Scan the data below. Pull out each line where "Revision" occurs.
===== Entries supplied =====
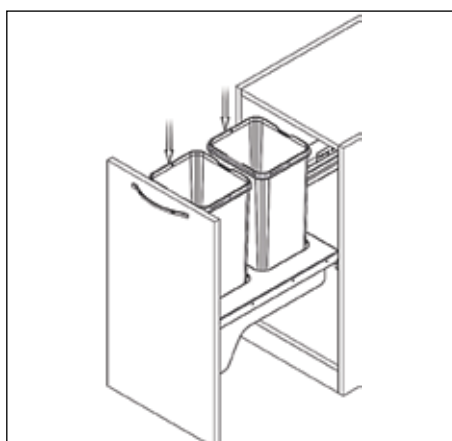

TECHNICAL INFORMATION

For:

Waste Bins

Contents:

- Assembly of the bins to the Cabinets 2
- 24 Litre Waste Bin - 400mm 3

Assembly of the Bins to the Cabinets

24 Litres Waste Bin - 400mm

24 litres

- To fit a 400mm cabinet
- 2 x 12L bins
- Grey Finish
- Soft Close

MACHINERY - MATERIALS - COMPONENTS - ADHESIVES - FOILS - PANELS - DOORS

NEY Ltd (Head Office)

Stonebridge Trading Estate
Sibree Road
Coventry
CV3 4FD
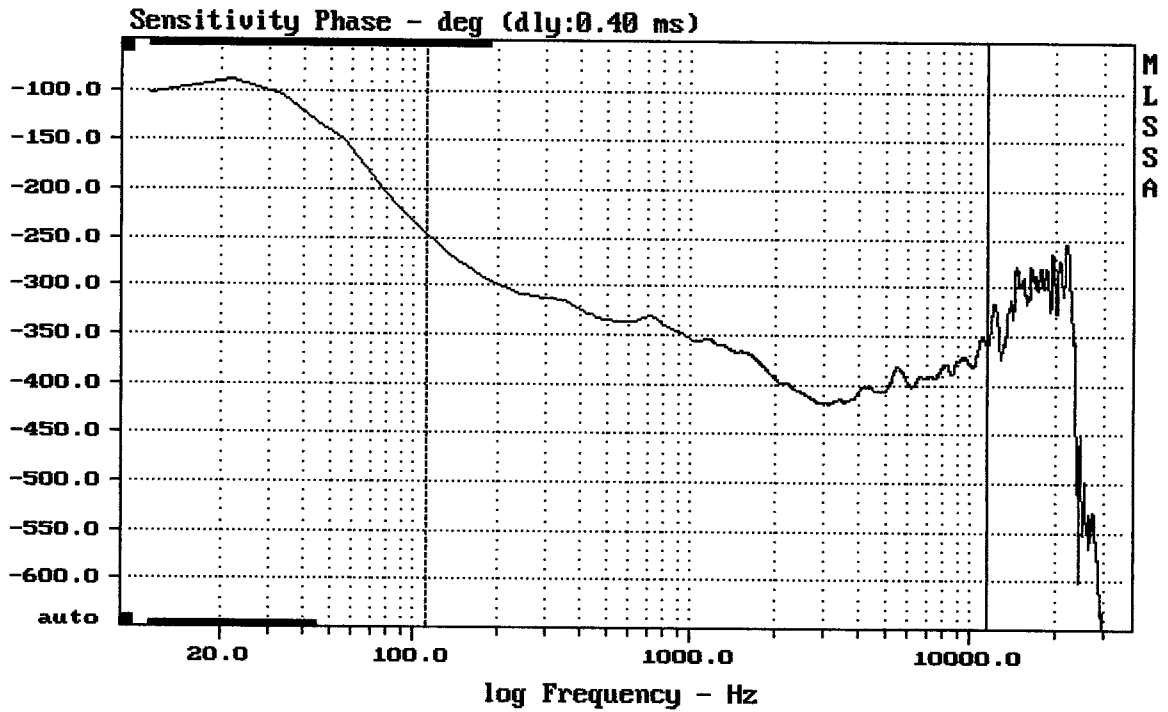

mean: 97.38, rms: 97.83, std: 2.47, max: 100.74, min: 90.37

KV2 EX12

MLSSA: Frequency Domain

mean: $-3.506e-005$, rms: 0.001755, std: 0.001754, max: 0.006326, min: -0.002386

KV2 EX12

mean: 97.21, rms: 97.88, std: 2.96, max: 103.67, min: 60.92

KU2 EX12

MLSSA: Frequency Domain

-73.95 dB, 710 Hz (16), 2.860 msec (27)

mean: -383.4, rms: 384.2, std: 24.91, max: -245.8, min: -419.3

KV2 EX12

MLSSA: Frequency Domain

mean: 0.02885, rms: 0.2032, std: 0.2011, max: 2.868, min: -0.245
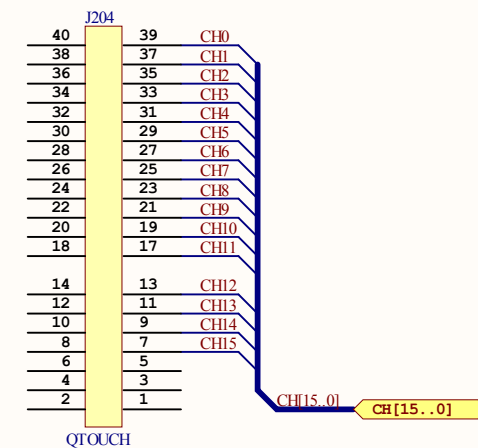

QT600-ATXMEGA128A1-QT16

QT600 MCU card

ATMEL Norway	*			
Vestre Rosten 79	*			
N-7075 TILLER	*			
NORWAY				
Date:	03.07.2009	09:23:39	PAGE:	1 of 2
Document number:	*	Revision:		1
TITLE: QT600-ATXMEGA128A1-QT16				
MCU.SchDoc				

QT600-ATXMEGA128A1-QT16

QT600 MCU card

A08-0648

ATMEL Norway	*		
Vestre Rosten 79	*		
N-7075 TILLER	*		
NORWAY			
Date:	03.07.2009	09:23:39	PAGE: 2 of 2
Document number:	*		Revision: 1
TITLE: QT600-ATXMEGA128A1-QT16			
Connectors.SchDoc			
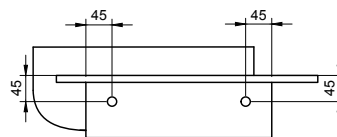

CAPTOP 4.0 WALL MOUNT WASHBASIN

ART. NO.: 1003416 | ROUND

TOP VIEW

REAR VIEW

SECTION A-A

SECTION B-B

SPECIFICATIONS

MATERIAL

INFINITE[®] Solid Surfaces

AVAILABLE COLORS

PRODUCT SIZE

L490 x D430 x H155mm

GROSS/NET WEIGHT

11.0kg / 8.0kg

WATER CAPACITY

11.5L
=====
# Output for this exercise:
Document number:	*	Revision:		1
Document number:	*		Revision: 1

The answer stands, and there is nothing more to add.